You change your toothbrush out every few months, and more often if you’ve come down with an illness (to prevent the spread of germs.) Do you have a favorite? Do you buy the brand that is on sale that day? Just how exactly are we supposed to choose the best toothbrush for our specific needs? There are a few important factors to keep in mind the next time you invest in a brush.

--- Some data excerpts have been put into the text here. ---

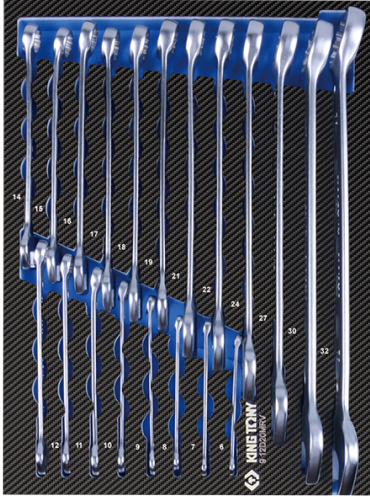

912D20MRE

M EVAWAVE inlegtray met metrische ringsteeksleutels (I-beam) - 20 dlg

■ #9 (280 x 375 mm)

Series

Content

1062

6, 7, 8, 9, 10, 11, 12, 13, 14, 15, 16, 17,
18, 19, 21, 22, 24, 27, 30, 32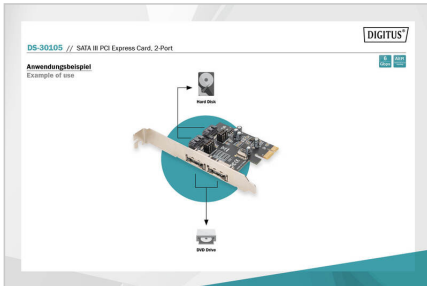

More images:

EU responsible person

EU based economic operator ensuring the product complies with the required regulations.

ASSMANN Electronic GmbH
Auf dem Schüffel 3
Lüdenscheid, Germany
<https://www.assmann.com>
info@assmann.com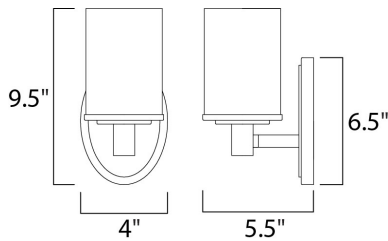

**MEASUREMENTS**

DIMENSION : 4" W x 9.5" H x 5.5" Ext  
 BACK PLATE : 4.5" W x 6.5" H x 6" HCO  
 HANGING WEIGHT : 2.16 lb

**LAMPING**

INPUT VOLTAGE : 120V  
 BULB : 1 x 60W Incandescent E26 Medium , 60W Total  
 BULB INCLUDED : (Not Included)  
 DIMMABLE : Yes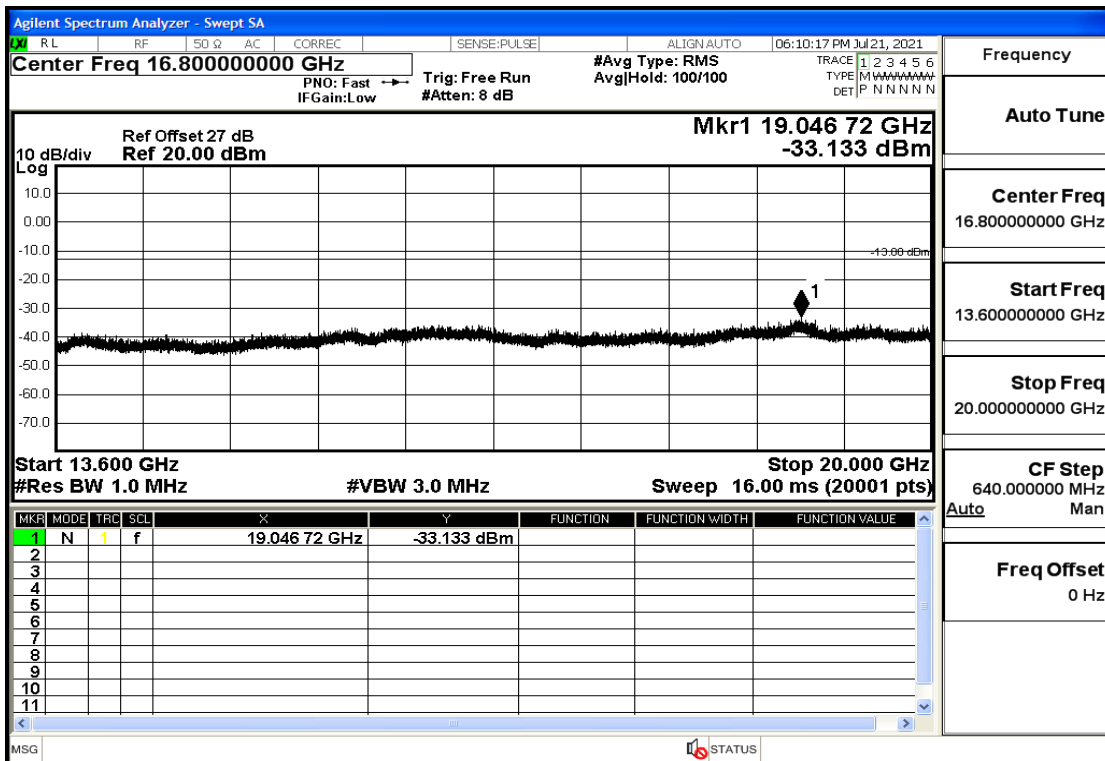

OB4-1.4-1710.7-QPSK-1#LOW@13.6GHz-20GHz@Pass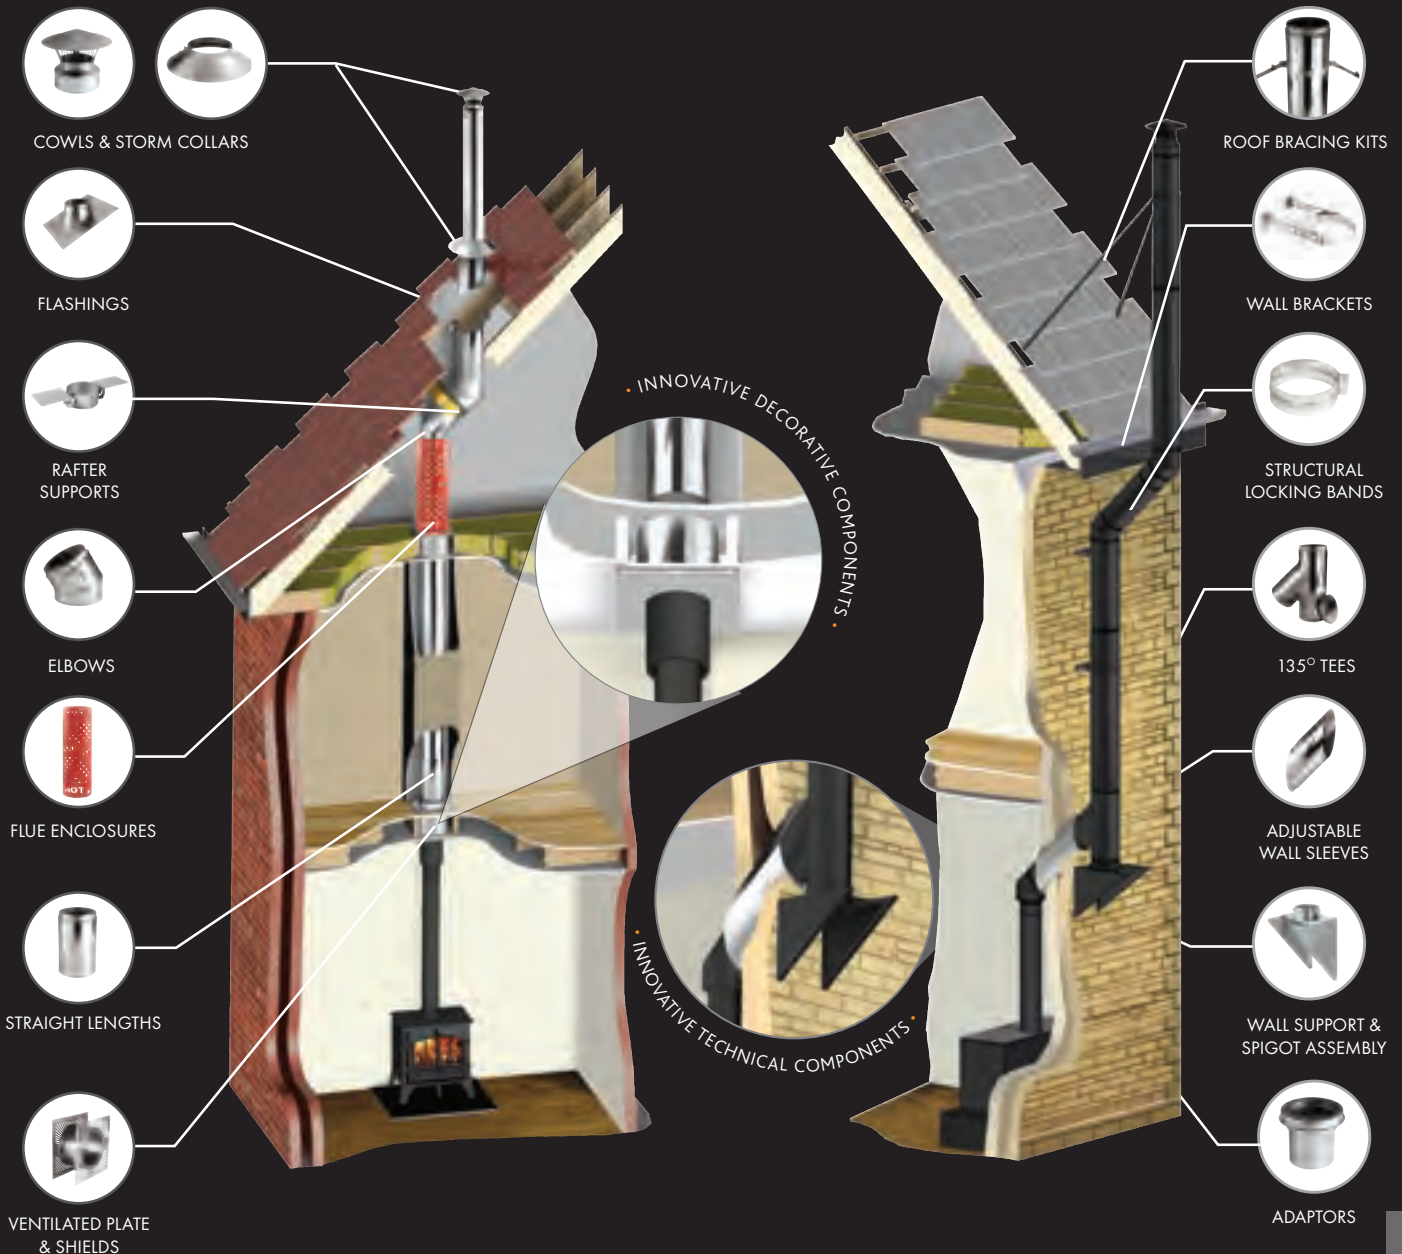

Professional XQ™ Chimney Systems

FOR HOMES
WITHOUT A
CHIMNEY!

Stovax (Dovre's distributor in the UK and Republic of Ireland) also offers a comprehensive range of stove and fireplace chimney systems, the Stovax Professional XQ™ collection. Crafted from 304L grade stainless steel for a durable outer finish, the fully sealed components offer water tight protection for the insulation within.

With innovative decorative options, the ability to specify a colour for your system and with a host of technical advancements such as their Twist-Lock system, the Professional XQ™ range provides an attractive, versatile and reliable solution for your flue system. Furthermore, the Professional XQ™ range carries a 10 year conditional warranty offering complete peace of mind.

10
YEAR
EXTENDED
WARRANTY

For further information or to request a brochure, contact your local retailer or visit www.stovax.com/chimneysystems

Flexibility of the bristles.
There are usually just a few different varieties of bristle firmness – extra soft, soft, medium, firm/hard. Did you know, that all dental patients should use a soft or extra-soft bristled brush? That’s because medium or firm bristles are too abrasive on tooth enamel and gum tissue, typically resulting in irreversible enamel abrasion and gum recession tha tmay lead to the need for a gum transplant, crowns, or other dental restorations. Then why do they sell them at the stores? Supply and demand. People still buy them because they like them, so manufacturers continue to make them.
Size of the brush
Are you a woman with a smaller mouth? Does your child want an adult brush because it looks cool? It’s very important to purchase a brush that has a brush head that is not too large. One that is the size of about 2 teeth is fine. Anything very much larger makes it difficult to brush all of the surface areas, causing many surfaces to be missed during brushing.
Electric or manual.
Manual toothbrushes work well when used properly, but electric toothbrushes are proven to remove more plaque and keep gums healthier simply because they have more mechanical action than what can be achieved when using a manual toothbrush.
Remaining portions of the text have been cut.